Works
At an advanced age, at the request of his sons, he prepared, it is said from memory, a collection of various school themes and their treatment by Greek and Roman orators. These he arranged in ten books of Controversiae (imaginary legal cases) in which seventy-four themes were discussed, the opinions of the rhetoricians upon each case being given from different points of view, then their division of the case into different single questions (divisio), and, finally, the devices for making black appear white and extenuating injustice (colores).
Each book was introduced by a preface, in which the characteristics of individual rhetoricians were discussed in a 'lively' manner. The work is incomplete, but the gaps can be to a certain extent 'filled up', with the aid of an epitome made in the 4th or 5th century for the use of schools. The romantic elements were utilized in the collection of anecdotes and tales called Gesta Romanorum. For Books I, II, VII, IX, and X we possess both the original and the epitome; for the remainder, we have to rely upon the epitome alone. Even with the aid of the latter, only seven of the prefaces are available.
The Controversiae were supplemented by the Suasoriae (exercises in hortatory or deliberative oratory), in which the question is discussed whether certain things 'should, or should not be done'. The whole forms the most important authority for the history of contemporary oratory.

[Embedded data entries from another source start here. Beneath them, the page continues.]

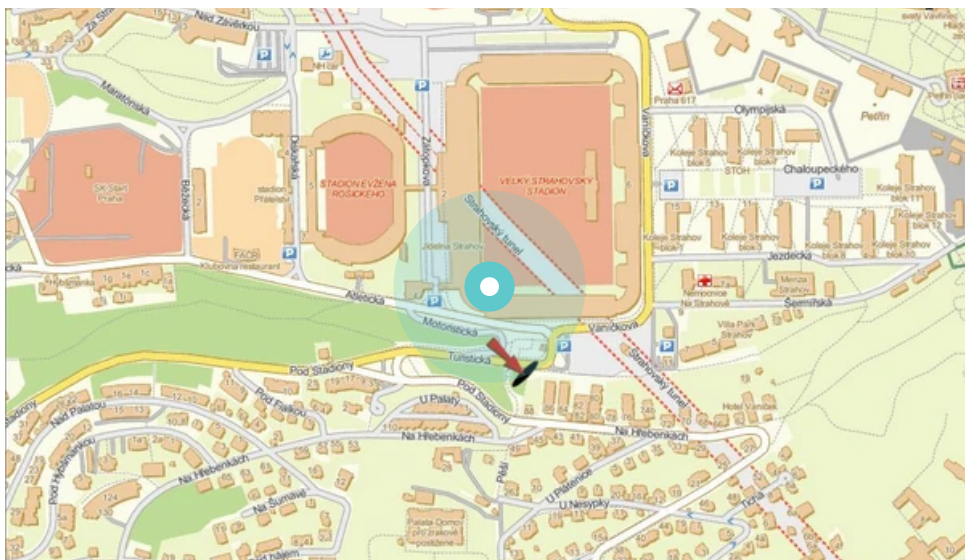

Panel č.: **805370**

Město: **Praha 05 - Smíchov**

Okres: **Praha**

Kraj: **Praha**

Adresa: **Pod Stadiony X Vaníčkova
př.od Řep,Břevnova,Motola,st.M**

WGS84 n: **50.077889**

WGS84 eo: **14.387331**

Rozměr: **510x240**

Umístění panelu:

- centrum
- obytná čtvrť
- okrajová čtvrť
- obchodní čtvrť
- průmyslová čtvrť
- nezastavěné plochy

Komunikace:

- dálnice
- silnice I.tř.
- pěší zóna
- křižovatka
- parkoviště
- výjezd
- příjezd
- silnice ostatní
- ulice

Poloha:

- šikmo
- kolmo
- rovnoběžně
- samostatný

Viditelnost:

- do 20 m
- 20 - 50 m
- 50 - 100 m
- přes 100 m
- vlastní osvětlení

Okolí panelu:

- | | | |
|-----------------------------------------------------|-----------------------------------------------------------|------------------------------------------------|
| <input type="checkbox"/> ČD,ČSAD | <input checked="" type="checkbox"/> zdravotnické zařízení | <input type="checkbox"/> obchodní dům |
| <input type="checkbox"/> škola | <input type="checkbox"/> kulturní zařízení | <input type="checkbox"/> PNS |
| <input checked="" type="checkbox"/> čerpací stanice | <input type="checkbox"/> banka | <input type="checkbox"/> supermarket |
| <input checked="" type="checkbox"/> pošta | <input checked="" type="checkbox"/> sportovní zařízení | <input checked="" type="checkbox"/> restaurace |
| <input checked="" type="checkbox"/> hotel | <input type="checkbox"/> MHD tah - zastávka | <input type="checkbox"/> obchody |

Seneca was also the author of a lost historical work, containing the history of Rome from the beginning of the civil wars almost down to his own death, after which it was published by his son. Of this we learn something from the younger Seneca's De vita patris (H. Peter, Historicorum Romanorum fragmenta, 1883, pp. 292, 301), of which the beginning was discovered by Barthold Georg Niebuhr. The father's claim to the authorship of the rhetorical work, generally ascribed to the son during the Middle Ages, was vindicated by Raphael of Volterra and Justus Lipsius.